Several candidates for higher office are employing an old campaign strategy: attack the establishment as being hopelessly corrupt and promise to clean up the mess.
There can be something downright heroic about the lonely crusader who takes on the corrupt, powerful people in charge and actually vanquishes them. Thus we have Geoff Duncan, a former legislator from Forsyth County and a candidate for lieutenant governor, saying this: “Our state Capitol is a mess. Let’s be honest. The special interests run the show—in both parties. Contracts are handed out for favors. You, the taxpayers, get left out. That’s got to change. As lieutenant governor, I’ll fight for ethics reform—to clean up the cesspool.”
Then we have state Sen. Michael Williams, also from Forsyth County and a candidate for governor, saying this: “It is time to destroy crony capitalism and root out the elite and corrupt players who orchestrate it… Our campaign is powered by the people, not lobbyists and special interest groups.” For good measure, one of Williams’ campaign aides added, “Michael Williams stands with working-class Georgians instead of corrupt special interests.”
There is also former legislator Hunter Hill of Atlanta, who is running for governor: “Career politicians support the status quo to ensure they don’t offend the lobbyist and special interests. What they don’t do is deliver results.”
There’s just one little problem with this approach. Duncan, Williams and Hill are all Republicans. They are attacking a state government establishment that is totally populated by members of the Republican Party. If there is as much corruption and undue influence of lobbyists as they claim, then it’s happening in a government run by their own party.

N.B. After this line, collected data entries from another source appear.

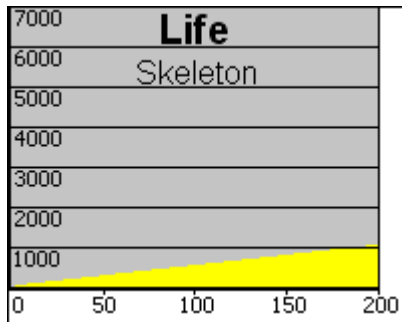

Tab 4.1: Total Life Stat for Summoned Creatures

Table of Contents

Tab 4.1: Total Life Stat for Summoned Creatures.....1
 4.1.1 Comparison of 10 Summoned Creatures.....1
 4.1.2 Graphs for individual Summons.....2

4.1.1 Comparison of 10 Summoned Creatures

The graph below indicates how the “Life” stat varies with a character’s Charm Magic skill.

Comparison of 10 Summons: Life per Charm Skill

4.1.2 Graphs for individual Summons

As with the comparison graph above, the x axis represents the character's Charm skill, and the y axis the summoned monster's total life.

Back
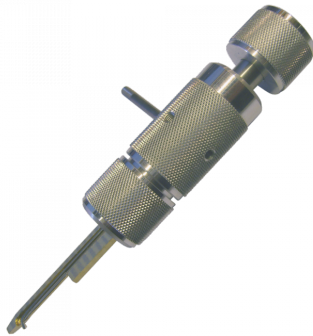

## GJ LOCKS Pick for Avocet ABS Lock

### Description

---

This Pick for Avocet ABS Lock by GJ locks is intended to suit all types of ABS lock. The product comes carefully boxed and padded, and is specially designed to be smoothly removed from the lock at any stage during the process, allowing for easy and covert operation without trapping the pick.

Dimple Key

### Features

---

- Can be easily withdrawn from the lock at any time
- Compatible with rim cylinders, screw in mortice cylinders, and all generations of euro cylinders
- Designed to suit all versions of the ABS lock
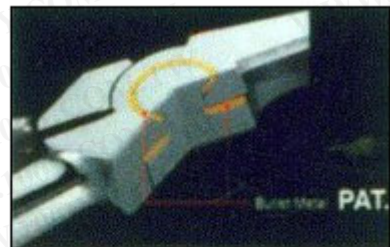

THE RADIO PENCH
 FC-306 / 150mm

70 Carbon Steel contains chrome vanadium is used

采用高碳铬钒钢制造

"The PENCH" keeps very smooth hinge action even

在严重生锈下，其开合胶位依然顺畅

采用内置不锈钢环

We have the continuous cutting test in 100,000 times on "The PENCH"

after which it showed no damages at all.

连续十万次切断测试，也不影响其使用功能

專利設計不銹環

规格							切断功能: (mmØ)			
Art.No.	Size	A(mm)	B(mm)	C(mm)	D(mm)	E(mm)	重量(g)	硬线	软线	内盒
FC-106	150	160	27	44	12.5	23	205	1.8	2.3	6
FC-107	175	185	31	46	13.5	24	260	2.0	2.6	6
FC-108	200	210	34	48	14.5	27	360	2.3	3.2	6
FC-206	150	163	22	51	11	15	165	1.8	2.3	6
FC-306	150	163	50	51	10	17	130	1.6	2.0	6

For the past 15 years, the governor of Georgia has been a Republican. Since the 2005 General Assembly session, Republicans have held majority control over both the state Senate and House of Representatives. No bill passes either chamber unless the Republican leadership says it’s OK. In recent years, that GOP majority has amounted to nearly two-thirds of the seats in both chambers.
Democrats don’t pass important bills in the legislature, because they only have about one-third of the votes. They don’t award state contracts or steer state business to their favored cronies. That’s entirely a function of the majority party.

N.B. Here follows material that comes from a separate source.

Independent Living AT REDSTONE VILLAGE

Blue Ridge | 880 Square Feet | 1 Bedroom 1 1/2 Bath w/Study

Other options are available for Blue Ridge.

Lobbyists do wine and dine a few Democrats, but far more of their attention and spending is devoted to the Republican leadership along with the Republican rank-and-file. They’d be crazy to do otherwise.
The criticisms of Williams, Hill and Duncan would make sense if Georgia’s government was controlled by the Democrats. But it’s not—their own party has held an iron fist over all the proceedings for the past 12 years. When they say the things they do, they’re slandering the political party that they’ve been part of for so long. You wonder when Sonny Perdue or Nathan Deal is going to rise up and strike back at his critics.
There’s a good reason why these candidates are taking this anti-establishment approach. They are running low in the polls against candidates who are more palatable to the establishment. Williams and Hill have both been running at single digits in the few public polls that have been released for the GOP primary, far behind Lt. Gov. Casey Cagle.
While Williams constantly reminds voters he was the first Georgia legislator to endorse Donald Trump for president, that hasn’t done him a lot of good. He’s been stuck down at 3 or 4 percent in the early polls.
There hasn’t been much polling of the race for lieutenant governor, but Duncan is considered the underdog at this point to state Sen. David Shafer (R-Duluth), who has raised a ton of money.
When you’re behind, why not throw a few bombs?